Di Maria ha sbloccato una partita in champions, mica tutte. Ma anche James come ha dimostrato al mondiale può benissimo farlo senza avere quell'atletismo, in champions è stato il migliore contro l'Atletico, contro la Juve, assist e rigore procurato. 
Cmq nel Milan meglio JAMES per me, perché ha più capacità di coinvolgere i compagni e migliorarne le doti, un esempio è la scorsa stagione al Monaco o il mondiale appunto. D Maria è più solista, gioca spesso da solo, ma a meno che non sei Maradona da solo non vai lontano.


----------



## Fabry_cekko (25 Giugno 2015)

Di Maria purtroppo non è un punto fermo per far partire un ciclo perché non è continuo nelle prestazioni. L'argentino è la ciliegina sulla torta che va bene alle big già pronte per vincere (come Real, Bayern).
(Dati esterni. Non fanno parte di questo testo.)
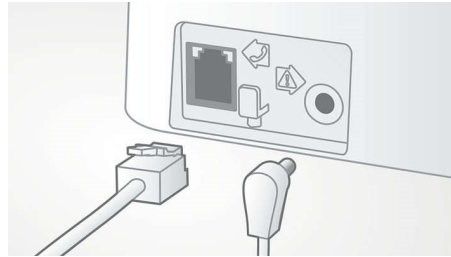

Enostavna namestitvev

Izjemna priročnost z enostavno nastavitvijo. Enostavna namestitvev – naprava Vstavi in poženi
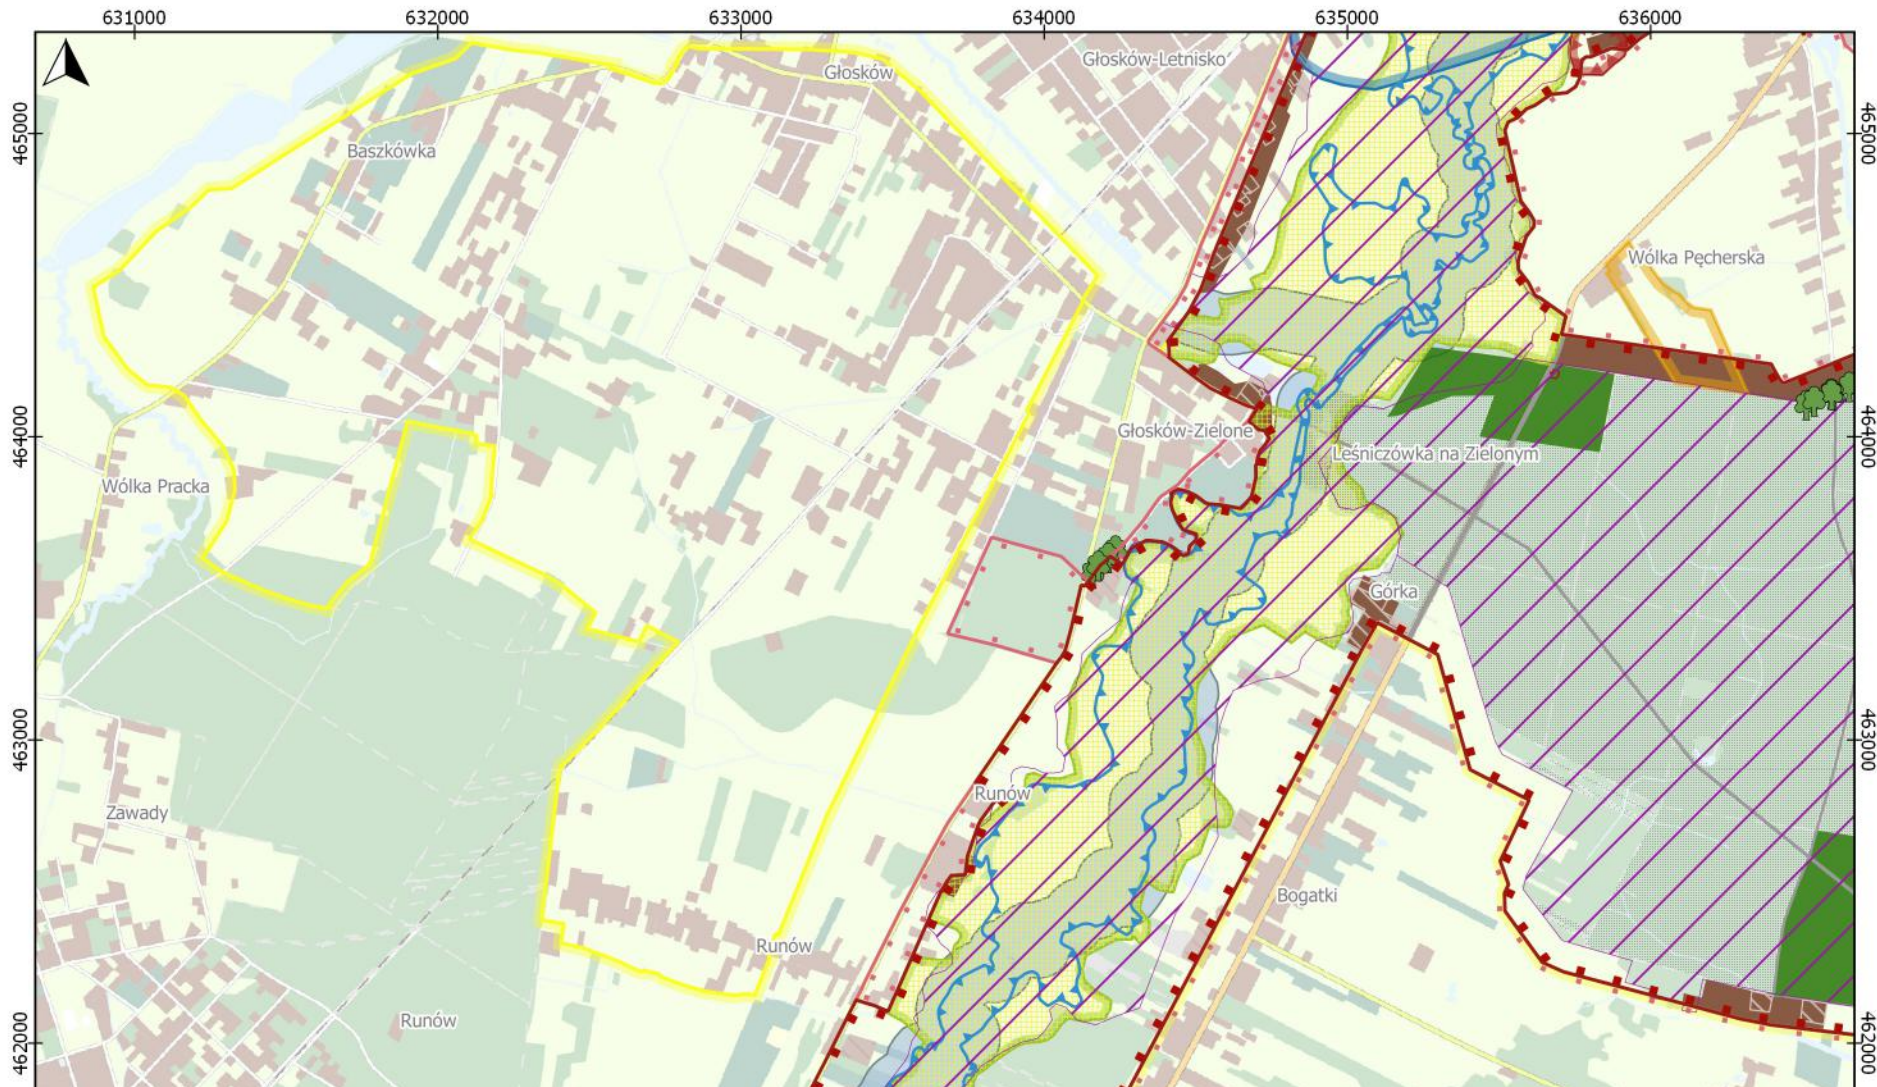

Skala
 0 0.5 1 km

Fundusze Europejskie
 Program Regionalny
 
Mazowsze.
 serce Polski
 
Unia Europejska
 Europejski Fundusz
 Rozwoju Regionalnego
 

 © Narodowa Fundacja Ochrony Środowiska

	Chojnowski Park Krajobrazowy		Arkusz	Skala	
465000	Uwarunkowania ochrony Chojnowskiego Parku Krajobrazowego	4/13	0 0.5 1 km 		© Narodowa Fundacja Ochrony Środowiska
644000	645000	646000	647000	648000	649000

Di James invece penso che per diventare perfetto deve lavorare solo sulla condizione fisica (come ha già detto qualcuno).


----------



## BossKilla7 (25 Giugno 2015)

Di Maria senza dubbio, James giocatore di una tecnica straordinaria, ma Angel ha quell'atletismo e quel modo di spaccare le partite che risulta più decisivo. E poi è anche un giocatore da stropicciarsi gli occhi, tacchi, rabone, dribbling ecc..


----------



## Renegade (26 Giugno 2015)

Non mi aspettavo tutto sto plebiscito di Di Maria contro James. Però vabbè, è evidente la differenza, dopotutto.


----------



## Splendidi Incisivi (26 Giugno 2015)

Per me è sbagliato il paragone perché si tratta di due ruoli differenti. Immagino che il paragone sia stato suggerito a Torros dal fatto che uno abbia sostituito l'altro nel Real Madrid.



mefisto94 ha scritto:


> Stavolta è facile, non si può scegliere, sono due giocatori completamente diversi, dipende da quello che vuoi, Di Maria è un grande incursore e James un grande regista offensivo.


----------



## Torros (27 Giugno 2015)

Oggi deludenti entrambi, ma mentre James ha toccato pochissimi palloni a causa dell'impostazione difensivista dell'argentina. 
Di Maria ha toccato tanti palloni intestardendosi nel dribbling(senza ottenere granché), portando troppo palla e prendendo decisioni sbagliate. A me D Maria continua a non piacermi, ha il difetto grosso di avere un intelligenza calcistica inferiore a quella di Cuadrado(mia impressione) e quindi sbaglia molto.


----------



## Chrissonero (27 Giugno 2015)

Cosa ha vinto James? il apertura argentino con il Banfield e qualcosa con il Porto?

Angel assolutamente!


----------



## Renegade (27 Giugno 2015)

Chrissonero ha scritto:


> Cosa ha vinto James? il apertura argentino con il Banfield e qualcosa con il Porto?
> 
> Angel assolutamente!



C'era da aspettarselo stravincesse Di Maria. Dopotutto, come hai ricordato, James ha ancora tutto da dimostrare. Tra l'altro non credo che un calciatore dall'intelligenza calcistica bassissima avrebbe mai potuto rivelarsi così utile proprio tatticamente in uno schieramento di campioni, reinventandosi poi in un ruolo non suo e svolgendolo meglio di tanti colleghi. Il Real Madrid con Di Maria via e James dentro ci ha perso tantissimo da questo punto di vista.


----------



## Torros (27 Giugno 2015)

Chrissonero ha scritto:


> Cosa ha vinto James? il apertura argentino con il Banfield e qualcosa con il Porto?
> 
> Angel assolutamente!


va beh allora Baggio è un pippone 

mah


----------